In case you are a runner having a goal to run your first marathon or run a PR marathon then you certainly without a doubt have been exposed to your share of marathon training program information. In case your years of training and researching about how to train for and run a marathon or how to improve your marathon PR have led to disappointment, self-doubt, and distress, then read on. If you’re looking for a marathon training program for people who are busy with jobs, families and lives, then you’ve landed on the right page because in the next few minutes, you’ll be able to get what you are looking for.
Training for a marathon takes considerable time, commitment, and perseverance. Quite possibly the most typical marathon training course available generally consists of no less than six days weekly of coaching. Such type of program uses up considerable time and helps it be difficult to balance in your work life, family, social time, etc. On the other hand, that many days a week or running is not needed and only triggers burnout and injury. The good thing is this:
Four good runs weekly over a 14 to 16 week interval can be an appropriate and efficient program that you can get effectively on the finish line.
The Golden Rule of Surviving Marathon Training: Less is More.

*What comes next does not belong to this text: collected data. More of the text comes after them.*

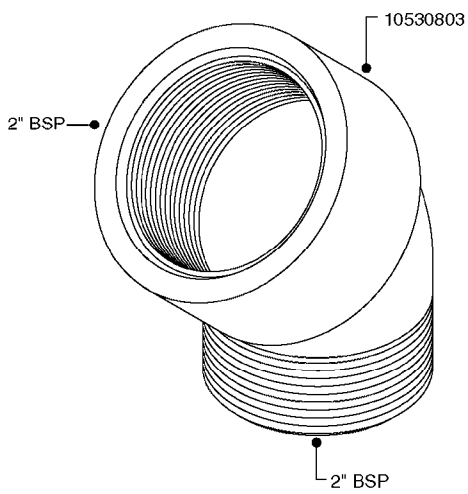

**L0020**

FITTINGS-T-PIECES, CAPS & ELBOWS  
L0020-HIN, 01:01:16

Page 1  
Date 16.03.2016 14:11

parts-n°	order qty	description
10053603	1	FITT. CAPNUT 2"BSP 5601
10194303	1	CAP BLANK 1 1/2 MCPHEE 210060
320047	1	FITT.DK CAPNUT 1/2" BSP
320106	1	FITT.DK CAPNUT 1" BSP
320272	1	FITT.DK CAPNUT 3/8" BSP
320316	1	FITT.DK TEE 3/4" X3/4" X1"BSP
320331	1	FITT.DK TEE 1" - 1" - 3/4" BSP
320342	1	FITT.DK EL 3/4"M X 1"F BSP
320563	1	FITT.DK 3 WAY 1/2" 110 DEG.
320677	1	NO LONGER AVAILABLE
320961	1	FITT.DK CAPNUT 1-1/2" BSP
321053	1	FITT.DK TEE 1/2 X1/2 X1/2" BSP
322072	1	FITT.DK TEE 3/8'X3/8'X3/8' BSP
322095	1	FITT.DK TEE 1-1/2 X1-1/4 X3/4" BSP
322138	1	FITT.DK ELB 1"M X 1"F BSP
330013	1	O-RING D15/D10X2.5 F.3/8"NUT
330212	1	O-RING D19/D14X2.4 F.1/2"NUT
330326	1	O-RING D30/D24X2 F.1"NUT
331273	1	O-RING D44/D38X2 F.1-1/2"

**L0030**

FITTINGS - HEXAGON NIPPLES  
L0030-HIN, 01:01:16

Page 1  
Date 16.03.2016 14:11

parts-n°	order qty	description
10015303	1	FITT.PO.HN 1.00X1.00 M1000
10425003	1	FITT.PO.HN 1.25X1.00 MCPHEE
320132	1	FITT.DK HN 1" BSP
320176	1	FITT.DK HN 3/8"X1/2" BSP
320445	1	FITT.DK HN 1/4"X3/8" BSP
320655	1	FITT.DK HN 1/2"-1/2" BSP
320692	1	FITT.DK HN 3/8'BSPX1/4'NPT
320703	1	FITT.DK HN 3/8BSP X1/2 &1/4NPT
320725	1	FITT.DK NIPPLE 3/8"-3/8" BSP
320902	1	FITT.DK HN 3/8'X 1/4' BSP
390232	1	FITT.DK HN 1-1/2' X 1-1/4' BSP
390276	1	FITT.DK HN 1'BSP
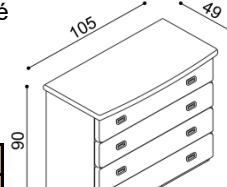

Komoda REBEKA

E1SL (P) - dvířka prosklená, 2 police

BUK	DUB RUSTIK
12 140,-	13 380,-

Komoda REBEKA

E2Z2 - 2 zásuvky velké

BUK	DUB RUSTIK
18 220,-	20 110,-

Komoda REBEKA

E2Z4 - 4 zásuvky velké
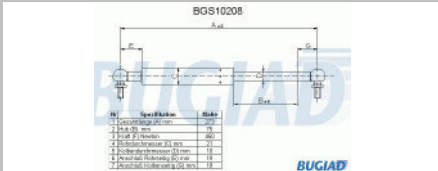

BGS10208

OE-No.: 84430-90J00

Gas Spring

Hersteller Nissan
Modell diverse
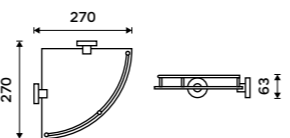

Ohrádka 400 mm
Skla do 8mm. Chrom.

319 / 13,20 UN 1001S-40-26

Police dvoupatrová
Skla matná. Chrom.

2339 / 96,70 UN 13092CX-26

Police rohová s ohrádkou
Matné sklo. Chrom.

1059 / 43,80 UN 13091RA-26

Police s ohrádkou 300 mm
Matné sklo. Chrom.
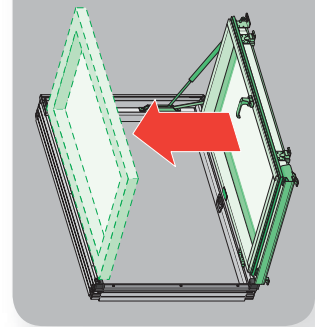

ANNEX
DAKVENSTERS
PLATDAKVENSTERS
VERKOOPPRIJZEN OP 01.12.2017

**FWP
FWU**

Het FAKRO uitstapdakvenster combineert de uitstekende thermische eigenschappen en de lichtinval van een tuimeldakvenster met een gemakkelijke en veilige toegang tot het dak. Dit kan zowel naar een plat dak als naar een hellend dak. Het dakvenster opent zijdelings tot 90° en is voorzien van een gasdrukveer-mechanisme. Hierdoor is het mogelijk het venster open te laten staan, zonder dat het bij harde wind dichtklast.

**EENVOUDIG
UITSTAPPEN**

UITSTAPDAKVENSTER

- Voor daktoetreding in een bewoonbare, verwarmde en geïsoleerde ruimte.
- De handgreep kan aan de linker- of rechterzijde gemonteerd worden, door eenvoudig bij de montage de scharnieren aan te passen. Voorzien van twee kierstanden.

- Uit te breiden met het uitgebreide assortiment binnentoebehoren (buitentoebehoren op speciale bestelling).
- Montage mogelijk in een dakhelling van 15-55°.

FWP

FWU

- bij montage kunt u de handgreep links of rechts plaatsen door de scharnieren aan te passen,

- vacuüm geïmpregneerd en verlijmd grenenhout,

- afgewerkt met 2 lagen transparante vernis.

- bij montage kunt u de handgreep links of rechts plaatsen door de scharnieren aan te passen,

- vacuüm geïmpregneerd en verlijmd grenenhout,
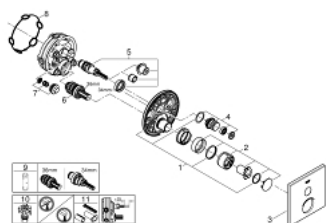

### DESCRIPTION DU PRODUIT

- à associer avec GROHE Rapido SmartBox (35 604)
- Rosace murale en métal avec GROHE FastFixation, ajustable rétroactivement de 6°
- GROHE LongLife finition durable
- bouton poussoir SmartControl pour ON-OFF, tourner pour régler le débit
- pictogrammes échangeables
- cartouche pour mitiger et ajuster la température
- livré sans corps encastré 35 604 (à commander séparément)
- sortie B = 27 l/min, sortie C = 27 l/min

### PIÈCES DE RECHANGE

- 1: Plaque de montage (Numéro de commande 48362000)
  - 2: Tête complète (Numéro de commande 46990000)
  - 3: Rosace (Numéro de commande 46994000)
  - 4: Commande pour WC bouton-poussoir (Numéro de commande 48361000)
  - 4.1: touche (Numéro de commande 14077000)
  - 5: Cartouche (Numéro de commande 48359000)
  - 5.1: Set Axe Guide coupe S/Stop SmrtCtrl (Numéro de commande 49088000)
  - 6: Cartouche (Numéro de commande 46989000)
  - 7: Clapet anti-retour (Numéro de commande 49085000)
  - 8: Joint (Numéro de commande 48360000)
  - 9: Clef (Numéro de commande 49059000)\*
  - 10: Boutons de service (Numéro de commande 1405300M)\*
  - 11: Extension universelle pour mitigeurs mécaniques - 25 mm (Numéro de commande 14048000)\*
- \* Accessoires en option
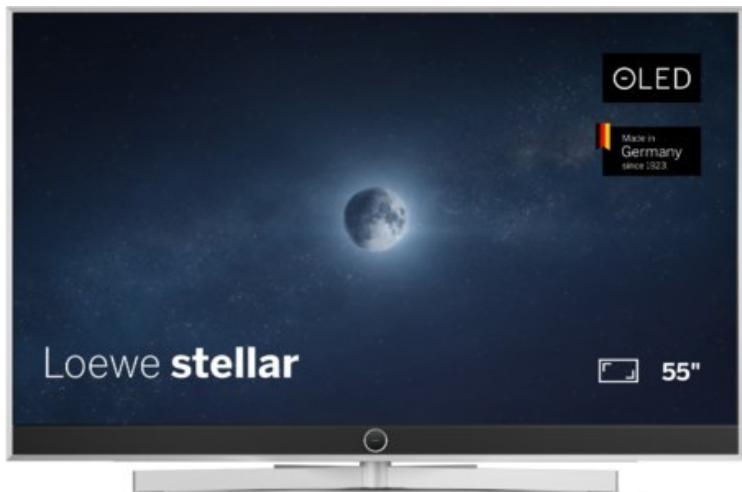

## Loewe stellar. 55 dr+ | alu brushed/concrete

Artikelnummer 18565

### Produkt-Highlights

- Ultra HD OLED Panel mit MLA (Micro Lens Array) & META-Technologie
- Loewe dual channel dr+ mit SSD für Multi-View und Multi-Recording
- Flexible Anschlüsse mit HDMI 2.1 und 144 Hz VRR für schnelles Konsolen-Gaming
- HDR10+ Adaptive Unterstützung
- Super-schnelles und smartes Loewe os mit App-Store und Zugriff eine großen Vielfalt an Video-on-Demand-Diensten für jeden Markt, darunter z.B. Netflix, Disney+, Samsung TV Plus, HD+, Magenta TV und vieles mehr
- 360° Craft-Design mit gebürstetem Alu, echtem Beton und cleveren Konstruktionsdetails
- Dezentres Loewe magic.light und Bodenstandfuß mit magic.motion
- Loewe stellar mini Fernbedienung mit Bluetooth und Sprachsteuerung, inklusive Alexa Skills und Bixby
- Miracast, Apple Airplay und Samsung SmartThings Unterstützung

### Produkttyp

- Technologie: OLED

### Bildeigenschaften

- Auflösung: Ultra HD (4K)

Training and running more is not going to cause far better results. If anything, it is going to lead to a break down of the muscles and also the mind. Simply stated, this is too much running and also the particular reason why runners who run so many days/miles each week in a very heavy marathon training course experience typical injuries which include shin splints, IT Band syndrome, tendinitis, knee pain, etc.
To get better and be better, rest days are only as critical as running day, and a 4 day training week is usually an ideal strategy to achieve appropriate marathon training program balance.
Exactly what does a 4 Day Training Week for Marathon Seem like?
A marathon training course that can produce amazing results for busy runners consists of four days weekly of high quality running. Each run has a diverse focus and varies with pace, distance, and effort level. A mixture of these run exercise sessions is the perfect balance of challenging our bodies to get ready for running a 26.2 mile affair. Furthermore, the built in rest days permit muscle recovery and injury prevention.
A sample of the 4 day training week:
-Mon: Active Recovery
-Tues: Speed workout (i.e. 3-4x 1-mile repeats at tempo with 2:1 work:rest ratio)
-Wed: Easy Run (i.e. 5-10 miles aerobic)
-Thurs: Active Recovery
-Fri: Intervals or Hill workout (5-10x steep 1-2 minute hill repeats with walk or jog down)
-Sat: Active Recovery
-Sun: Long Run (10 – 20miles that include race pace intervals and fast finishes)
Your longest long run need to be 20 miles and also you would do a training build-up to this distance over the course of sixteen weeks. Three weeks before the marathon race will be a taper, during which you progressively minimize mileage.
Every active recovery day range from central, yoga along with other recovery methods.
Additionally, it’s also wise to consist of strength training exercises in a 4 day per week plan. Running a marathon exacts a fantastic toll on a runner’s body. Strengthening the core and legs will help you better cope with the mileage you will go beyond the next several months. You do not need highly-priced products or even a gym membership to produce a stronger body. Bodyweight exercises are all you need.
In reality, many high level runners do a majority of their strength training in this way. After you started doing strength based body weight exercises, you won’t feel just how much stronger you are and how much your running will increase. You’ll be able to merely perform a six exercise set, twice per week, and would be dazzled by the outcome of incorporating this into your marathon training program. It is somewhat simple, but it really works.